We have measured the resistance noise of a two-dimensional (2D) hole system in a high mobility GaAs quantum well, around the 2D metal-insulator transition (MIT) at zero magnetic field. The normalized noise power $S_R/R^2$ increases strongly when the hole density $p_s$ is decreased, increases slightly with temperature ($T$) at the largest densities, and decreases strongly with $T$ at low $p_s$. The noise scales with the resistance, $S_R/R^2\sim R^{2.4}$, as for a second order phase transition such as a percolation transition.
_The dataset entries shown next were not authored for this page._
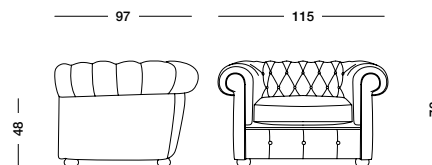

Divano Messier_Art. T4383 PV04

Divano imbottito 3 posti, rivestimento in pelle vintage Degas sughero.
3-seat upholstered sofa, covering in cork coloured vintage Degas leather.
Мягкий 3-местный диван с кожаной обшивкой Degas в стиле винтаж
цвета пробкового дуба.

cm L215 P97 H48/73

art. T4381

art. T4382

art. T4383
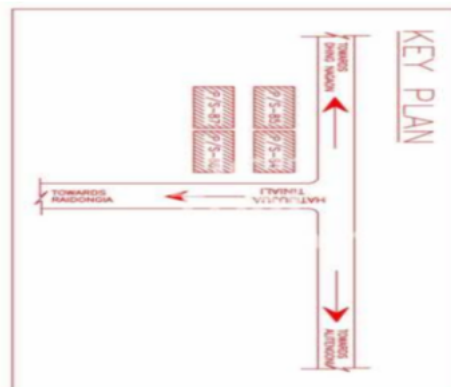

নিৰ্বাচক পঞ্জীয়ন বিষয়াৰ স্বাক্ষৰ

Nazri Naksha

Google Map View

Polling Station Building Front View

ভোটগ্ৰহন কেন্দ্ৰৰ সন্মুখৰ দৃশ্য

Cad View

Key MAP View

1 নাম : আব্দুল ছামাদ পিতাৰ নাম: জমধৰ খা ঘৰ নং : 1 বয়স : 71 লিঙ্গ : পুৰুষ	DLQ1344565 ফটো উপলব্ধ	2 নাম : আফিয়া খাতুন স্বামীৰ নাম: আব্দুল ছামাদ ঘৰ নং : 1 বয়স : 58 লিঙ্গ : মহিলা	DLQ1344576 ফটো উপলব্ধ	3 নাম : ছফিকুল ইছলাম পিতাৰ নাম: আব্দুল ছামাদ ঘৰ নং : 1 বয়স : 44 লিঙ্গ : পুৰুষ	DLQ1344587 ফটো উপলব্ধ
4 নাম : আজমা খাতুন স্বামীৰ নাম: ছফিকুল ইছলাম ঘৰ নং : 1 বয়স : 41 লিঙ্গ : মহিলা	DLQ1344598 ফটো উপলব্ধ	5 নাম : নাছিব উদ্দিন পিতাৰ নাম: ছফিকুল ইছলাম ঘৰ নং : 1 বয়স : 24 লিঙ্গ : পুৰুষ	ROM0012716 ফটো উপলব্ধ	6 নাম : নাজিবুল ইছলাম পিতাৰ নাম: ছফিকুল ইছলাম ঘৰ নং : 1 বয়স : 20 লিঙ্গ : পুৰুষ	ROM0012666 ফটো উপলব্ধ
7 নাম : বাশিদুল ইছলাম পিতাৰ নাম: আব্দুল ছামাদ ঘৰ নং : 1 বয়স : 19 লিঙ্গ : পুৰুষ	ROM0180893 ফটো উপলব্ধ	8 নাম : ছফিয়া বেগম স্বামীৰ নাম: আব্দুল জামাল ঘৰ নং : 2 বয়স : 58 লিঙ্গ : মহিলা	DLQ1344634 ফটো উপলব্ধ	9 নাম : আশাদুল ইছলাম পিতাৰ নাম: আব্দুল ছামাদ ঘৰ নং : 09 বয়স : 36 লিঙ্গ : পুৰুষ	DLQ1344601 ফটো উপলব্ধ
10 নাম : জেচফিনা বেগম স্বামীৰ নাম: আশাদুল ইছলাম ঘৰ নং : 09 বয়স : 27 লিঙ্গ : মহিলা	DLQ0255604 ফটো উপলব্ধ	11 নাম : মইমন নেছা স্বামীৰ নাম: মুশিদ আলী ঘৰ নং : 8 বয়স : 86 লিঙ্গ : মহিলা	DLQ1344667 ফটো উপলব্ধ	12 নাম : আলেক জ্বান স্বামীৰ নাম: মুশিদ আলী ঘৰ নং : 8 বয়স : 76 লিঙ্গ : মহিলা	DLQ1344678 ফটো উপলব্ধ
# 13 নাম : কুলহক আলী পিতাৰ নাম: মুশিদ আলী ঘৰ নং : 5 বয়স : 62 লিঙ্গ : পুৰুষ	DLQ1344689 ফটো উপলব্ধ	# 14 নাম : বাহেলা খাতুন স্বামীৰ নাম: কুলহক আলী ঘৰ নং : 5 বয়স : 53 লিঙ্গ : মহিলা	DLQ1344690 ফটো উপলব্ধ	15 নাম : মাজিদা খাতুন পিতাৰ নাম: কুলহক আলী ঘৰ নং : 5 বয়স : 23 লিঙ্গ : মহিলা	ROM0048124 ফটো উপলব্ধ
16 নাম : বাইসুল ইছলাম পিতাৰ নাম: কুলহক আলী ঘৰ নং : 5 বয়স : 21 লিঙ্গ : পুৰুষ	ROM0047019 ফটো উপলব্ধ	S 17 নাম : আঃ জলিল পিতাৰ নাম: মুশিদ আলী ঘৰ নং : 6 বয়স : 72 লিঙ্গ : পুৰুষ	DLQ1344703 ফটো উপলব্ধ	18 নাম : আনোৱাৰা বেগম স্বামীৰ নাম: আঃ জলিল ঘৰ নং : 6 বয়স : 67 লিঙ্গ : মহিলা	DLQ1344714 ফটো উপলব্ধ
19 নাম : নাজিমা বেগম পিতাৰ নাম: আব্দুল জলিল ঘৰ নং : 6 বয়স : 32 লিঙ্গ : মহিলা	DLQ1537957 ফটো উপলব্ধ	R 20 নাম : মনোৱাৰা বেগম স্বামীৰ নাম: ছফিকুল ইছলাম ঘৰ নং : 6 বয়স : 25 লিঙ্গ : মহিলা	DLQ0493262 ফটো উপলব্ধ	# 21 নাম : শাহানুৰ আলম পিতাৰ নাম: আব্দুল জলিল ঘৰ নং : 6 বয়স : 19 লিঙ্গ : পুৰুষ	ROM0125971 ফটো উপলব্ধ
22 নাম : লিপুল ইছলাম পিতাৰ নাম: আঃ জলিল ঘৰ নং : 6 বয়স : 41 লিঙ্গ : পুৰুষ	DLQ1344725 ফটো উপলব্ধ	23 নাম : মাহমোদা বেগম স্বামীৰ নাম: লিপুল ইছলাম ঘৰ নং : 6 বয়স : 39 লিঙ্গ : মহিলা	DLQ1344736 ফটো উপলব্ধ	24 নাম : ছফিকুল ইছলাম পিতাৰ নাম: আব্দুল জলিল ঘৰ নং : 6 বয়স : 28 লিঙ্গ : পুৰুষ	DLQ0361659 ফটো উপলব্ধ
# 25 নাম : মনোৱাৰা বেগম স্বামীৰ নাম: ছফিকুল ইছলাম ঘৰ নং : 6 বয়স : 24 লিঙ্গ : মহিলা	DLQ0472563 ফটো উপলব্ধ	26 নাম : শিৰাজুল ইছলাম পিতাৰ নাম: কুৰবান আলী ঘৰ নং : 7 বয়স : 47 লিঙ্গ : পুৰুষ	DLQ1344816 ফটো উপলব্ধ	27 নাম : মুশিদা খাতুন স্বামীৰ নাম: শিৰাজুল ইছলাম ঘৰ নং : 7 বয়স : 32 লিঙ্গ : মহিলা	DLQ0505651 ফটো উপলব্ধ
28 নাম : বাহাৰুল ইছলাম পিতাৰ নাম: কুৰবান আলী ঘৰ নং : 9 বয়স : 29 লিঙ্গ : পুৰুষ	DLQ0306357 ফটো উপলব্ধ	29 নাম : মফিদা খাতুন স্বামীৰ নাম: বাহাৰুল ইছলাম ঘৰ নং : 9 বয়স : 26 লিঙ্গ : মহিলা	DLQ0429605 ফটো উপলব্ধ	30 নাম : হামিদা খাতুন পিতাৰ নাম: কদুই আলী ঘৰ নং : 8 বয়স : 66 লিঙ্গ : মহিলা	DLQ1344747 ফটো উপলব্ধ
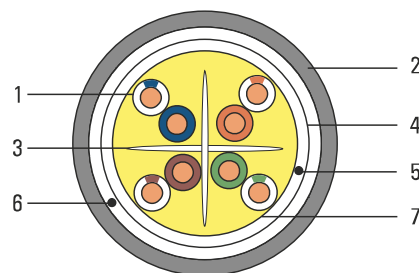

KABLE SKRĘTKOWE ZEWNĘTRZNE - ŻELOWANE

6A F/UTP

1. Żyła
2. Płaszcz
3. Separator par
4. Folia aluminiowa
5. Drut drenażowy
6. Linka ułatwiająca rozcięcie powłoki zewnętrznej kabla
7. Folia

nr kat: SEC6AFTPG

Instalacyjny kabel skrętkowy SecurityNET przeznaczony jest do wykonywania połączeń pomiędzy punktami dystrybucyjnymi sygnałów multimedialnych, a gniazdami przyłączeniowymi użytkowników. Kabel skrętkowy miedziany F/UTP (ekranowany) kategorii 6A żelowany. Przeznaczony jest do instalacji na zewnątrz budynku, nie wymaga stosowania dodatkowych osłon lub peszli. Nadaje się do instalacji w sieciach komputerowych, telefonicznych, systemach CCTV itp. Zastosowanie ekranu pozwala zmniejszyć ryzyko zakłóceń elektromagnetycznych z zewnątrz. Kabel jest odporny na promieniowanie UV.

DANE TECHNICZNE:

konstrukcja:	4x2	max. rezystancja 1-500 MHz:	9,5Ω / 100 m
grubość żył:	0,56 mm	temperatura pracy:	od -30 °C do +60 °C
wykonanie żył:	drut miedziany (Cu)	temperatura instalacji:	od -5 °C do +60 °C
izolacja żył:	PE 1,12 mm	NVP:	65 %
ekran:	folia aluminiowa	Delay Skew (ns/100 m):	≤ 45
grubość powłoki:	0,6 mm	promień gięcia:	8 x średnica
średnica zewnętrzna:	7,8 mm PE	kolor:	RAL 9005
impedancja 1-500 MHz:	100Ω		

- do zastosowań zewnętrznych (powłoka PE)
- żelowany
- odporny na promieniowanie UV
- wysoka jakość wykonania (miedź)
- testowany (pomiar wykonany na odcinku 90 m za pomocą miernika Fluke Networks DSX-5000)
- spełnia wymogi kategorii 6A F/UTP
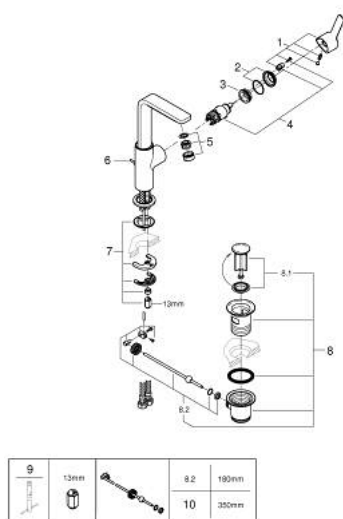

## 23 296 001 LINEARE JEDNORUČNA BATERIJA ZA LAVABO 1/2" L-VELIČINA

### PRODUCT DESCRIPTION

- Colour: chrome
- instalacija na 1 otvor
- metalna ručica
- GROHE SilkMove keramički mešač 28 mm
- sa limitatorom temperature
- GROHE LongLife premaz
- GROHE EcoJoy tehnologija za manju potrošnju vode i savršen protok
- maximum flow rate (at 3 bar): 5 l/min
- SpeedClean perlator
- GROHE FastFixation Plus instalacijski sistem
- rotaciona izlivna cev sa perlatorom i sa stop limitatorom
- automatski gornji deo za sifon 1 1/4"
- fleksibilna spojna creva
- min. preporučeni pritisak 1.0 bar

### SPARE PARTS, jyl 2016 – now

- 1: Ručica (Spare part-nr. 46984000)
  - 2: Poklopac (Spare part-nr. 46581000)
  - 3: Prsten armature (Spare part-nr. 07419000)
  - 4: Mešač (Spare part-nr. 46580000)
  - 5: Perlator (Spare part-nr. 48159000)
  - 6: Automatska šipka (Spare part-nr. 46739000)
  - 7: Pribor za učvršćivanje (Spare part-nr. 46645000)
  - 8: Set za odliv otpadne vode 1 1/4" (Spare part-nr. 28910000)
  - 8.1: Utikač (Spare part-nr. 07182000)
  - 8.2: Noseća osovina (Spare part-nr. 07052000)
  - 9: Instalacioni ključ (Spare part-nr. 19017000)\*
  - 10: Noseća osovina (Spare part-nr. 07341000)\*
- \* Optional accessories
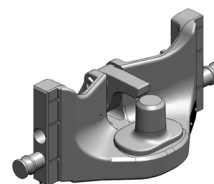

Cena: 740,- EUR 05.6330.51

Pitonfix do konzoly

originál CNH: 864,- EUR 03.7310.42 + 00.671.04.0

W330: 730,- EUR 07.6330.32

Pitonfix do konzoly W330, neautomatické zajištění

Cena: 580,- EUR 05.6330.16

Koule K-50 do konzoly
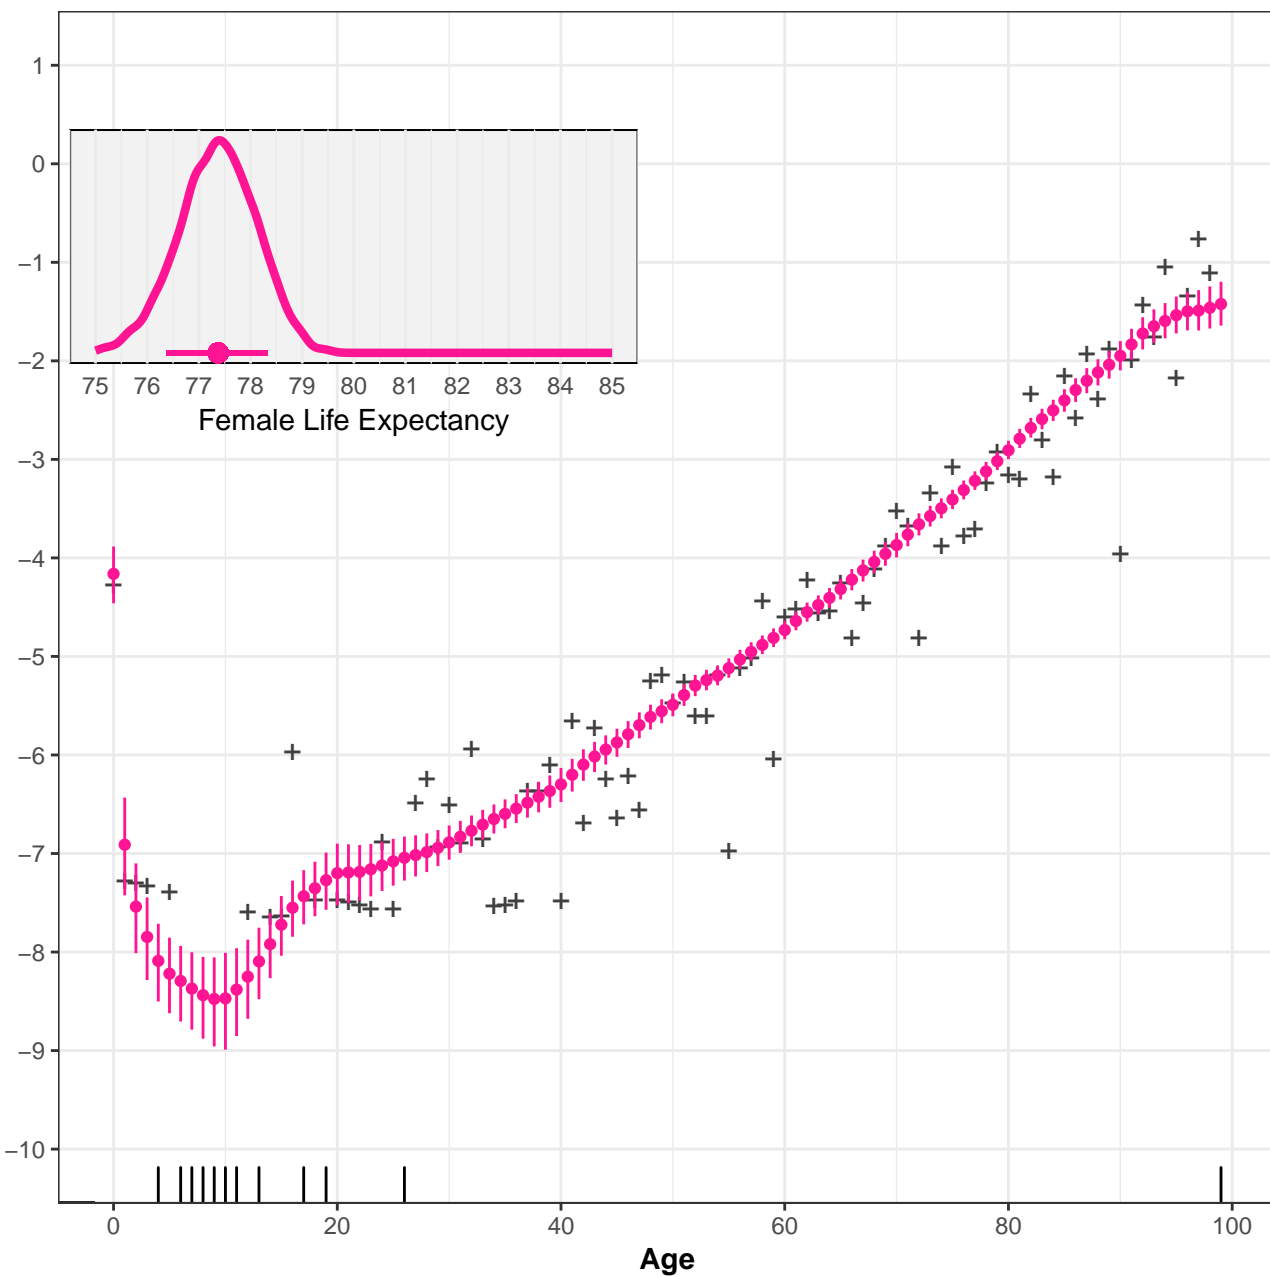

# 52001 São Miguel do Araguaia GO Female

# 52002 Rio Vermelho GO Female
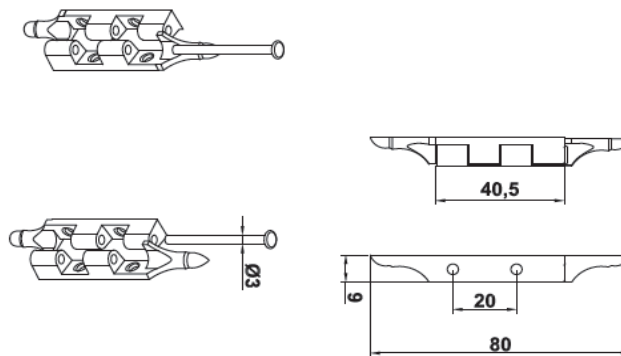

18909 HING 557 95x54 MUST (20 TK)

* 1,48 EUR
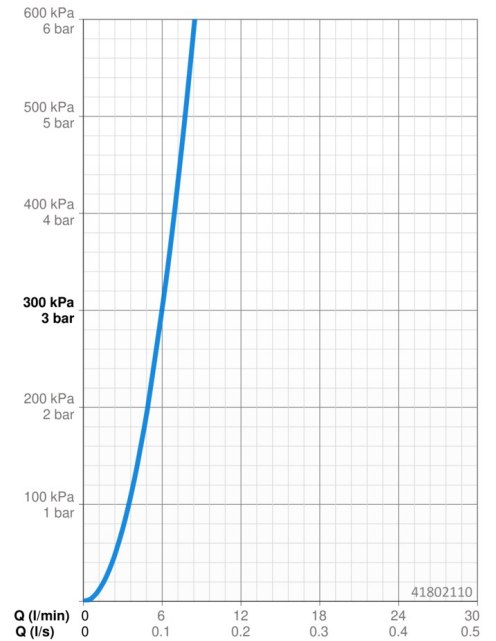

Technische gegevens

Doorstromingseigenschappen

Doorstroomhoeveelheid bij 3 bar **6.0 l/min**

Technische eigenschappen

Warmwatertoevoer **max. +70°C**
Werkdruk **1-10 bar**
Projection **170 mm**
Terugstroom beveiliging (EN1717) **EB**
Materiaal **brass**

Eigenschappen elektronica

Batterij **Lithium DL223 6 V**

Voorschriften

EN-norm **EN 15091**
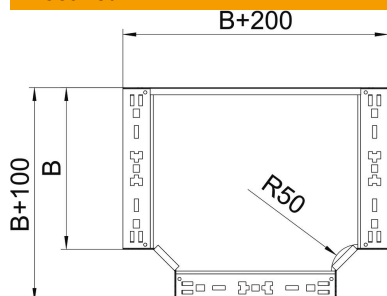

### Põhiandmed

Artiklinumber	6041330
Nimetus 1	T-hargnemisühendus
Nimetus 2	Magic ühendusega
Tootja	OBO
Mõõde	60x500
Materjal	Teras
Pinnakate	kuumtsingitud lintmeetodil
Pindala standard	DIN EN 10346
Väikseim täisühik	1
Koguse ühik	Tükk
Kaal	458,5 kg
Kaaluühik	kg/100 tk

### Mõõtmed

Laius	500 mm
Laius	20 in
Kõrgus	60 mm
Pleki paksus	1,25 mm
Mõõt B	500 mm
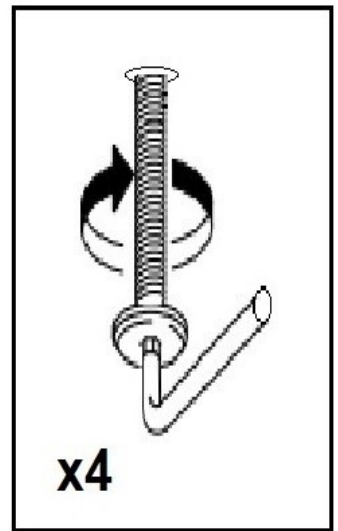

Rue du Bac

- | | |
|----------------------------------|-------------------------------|
| (D) Montageanleitung | (GB) Assembly instructions |
| (FR) Notice de montage | (IT) Istruzioni di montaggio |
| (NL) Handleiding voor de montage | (PL) Instrukcja montażu |
| (CZ) Montážní návod | (SK) Návod na montáž |
| (HU) Szerelési útmutató | (RO) Instrucțiunile de montaj |
| (TR) Montaj talimatı | (RU) ИНСТРУКЦИЯ ПО МОНТАЖУ |
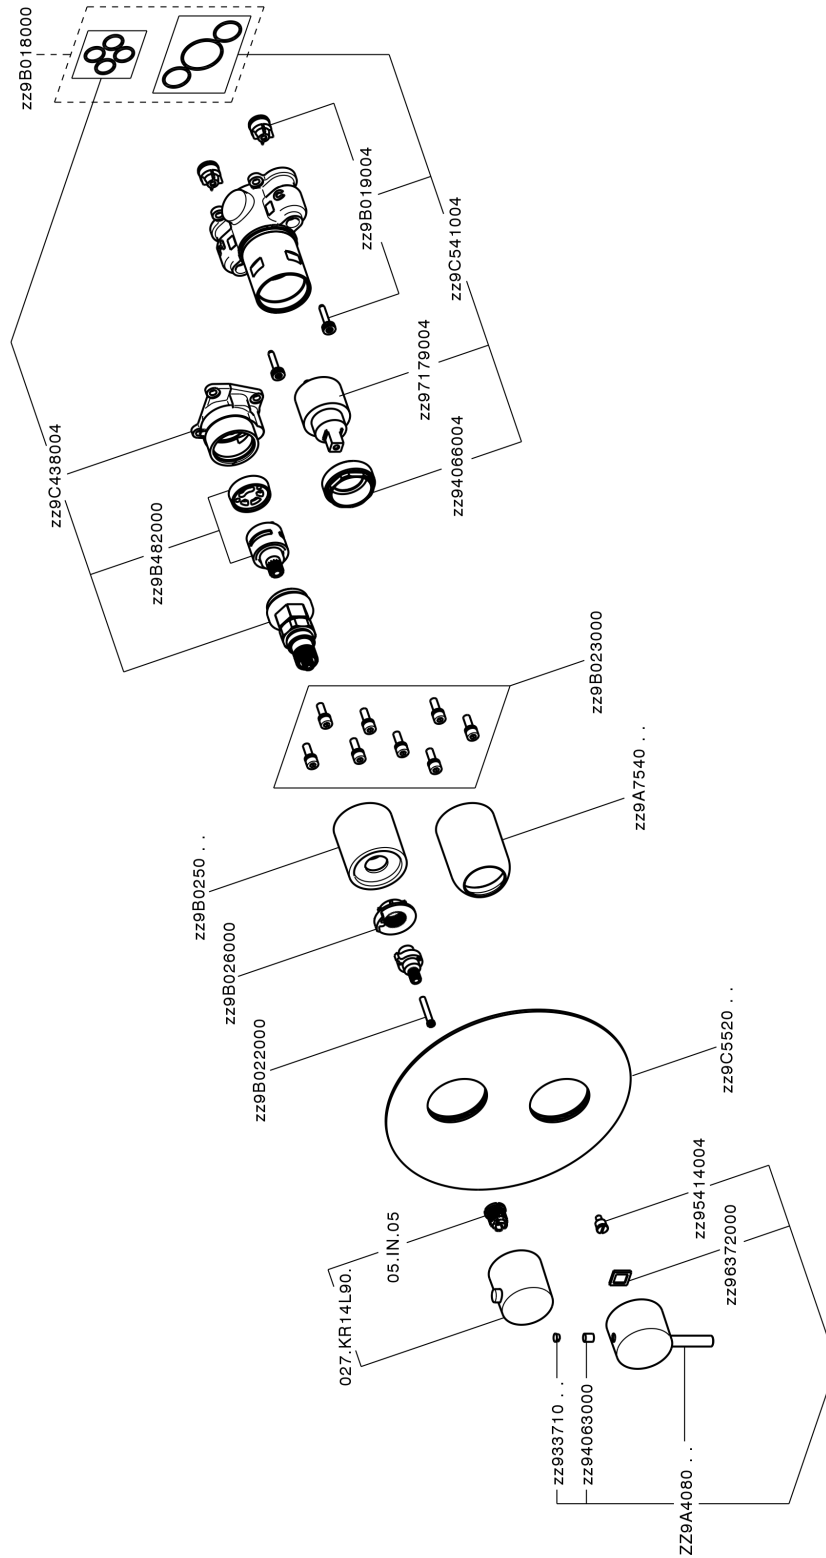

Completo Monocomando per One-Box SLIM_SM0BM030

MODELLO **SM0BM030**

Completo Monocomando per One-Box, con deviatore 2-3 uscite, profondità minima di installazione 67 mm, senza parte incasso, per art. ZA00B030-ZA00B031

FINITURE DISPONIBILI

-  **21** 21 Cromo
-  **2B** 2B Nichel Lucido
-  **40** 40 Nero Opaco
-  **4Q** 4Q Bianco Opaco

CARATTERISTICHE

Ricambio Cartuccia **ZZ97179000**

Cartuccia Monocomando 35 mm

Installazione **Incasso**

Parti Incasso necessarie **ZA00B031**

ZA00B030

Completo Monocomando per One-Box SLIM_SM0BM030

SM0BM030

<https://www.cisal.it/completo-monocomando-per-one-box-slim-sm0bm030>

One-Box Universale per incasso ONE BOX_ZA00B031

MODELLO **ZA00B031**

One-Box Universale per incasso, per termostatico o monocomando 1, 2 o 3 uscite, senza parte esterna, con silenziosi, con guarnizione per sigillatura

FINITURE DISPONIBILI

 **04** 04 Senza Finitura
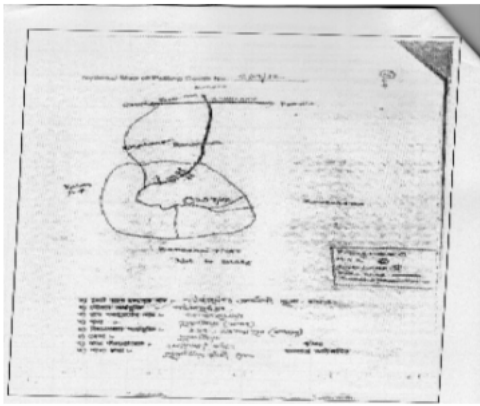

Nazri Naksha

The $p_s$ dependence of the conductivity is consistent with a critical behavior for such a transition, near a density $p^{*}$ which is lower than the observed MIT critical density $p_c$.

Figure 1

(a) $\rho$ vs $T$ for densities $p_s=(1.30$, 1.39, 1.43, 1.44, 1.48, 1.52, 1.57, 1.63, 1.74, 1.86, 1.96, 2.06, 2.16, $2.31)\times {10}^{10}{\mathrm{c}\mathrm{m}}^{-2}$ (from top to bottom). The dashed line is the $\rho (T)$ curve corresponding to the $p_s$ limit $p_c^{\prime }=1.44\times {10}^{10}{\mathrm{c}\mathrm{m}}^{-2}$, under which the activated law analysis is valid. (b) $S_V$ vs frequency at $p_s=1.75\times {10}^{10}{\mathrm{c}\mathrm{m}}^{-2}$ and $T=300\mathrm{m}\mathrm{K}$, for two currents $I=3$ and 1.5 nA. The continuous straight lines are fits of the law $A/f^{\alpha }$ with $\alpha =1.1$, and the dashed line is the fit for $I=3\mathrm{n}\mathrm{A}$ divided by 4. Inset: Schematic view of the Hall bar, showing the three voltages used in the correlation measurements.

Figure 2

(a) $S_R/R^2$ (1 Hz) vs density for six temperatures. (b) $S_R/R^2$ vs $T$, for eight densities indicated in units of ${10}^{10}{\mathrm{c}\mathrm{m}}^{-2}$. In (a) and (b), the lines are guides to the eye.

Figure 3

Normalized noise power at 1 Hz as a function of the resistance at various temperatures, and for all the densities investigated between $1.5\times {10}^{10}{\mathrm{c}\mathrm{m}}^{-2}$ and $1.78\times {10}^{10}{\mathrm{c}\mathrm{m}}^{-2}$. The line is a fit with the power law $S_R/R^2\sim R^{2.4}$.

Figure 4

(a) Conductivity vs density for three temperatures. The lines are fits with $\sigma \sim [p_s-p^{*}(T){]}^t$. (b) The same data as in (a), plotted as a function of $p_s^2$. The lines are fits with $\sigma \sim [p_s^2-p^{*}(T{)}^2{]}^t$. (c) Temperature dependence of $p^{*}$. The closed diamonds (open triangles) correspond to $\sigma \sim (p_s-p^{*}{)}^t$ [$\sigma \sim (p_s^2-p^{*2}{)}^t$]. Open circles: $p_s$ limit below which $\rho (T)$ can be fitted with an activation law $\propto \exp (T_0/T)$. At $T=0$, this corresponds to $p_s=p_c^{\prime }$. The shaded area is the domain where the activation law is valid.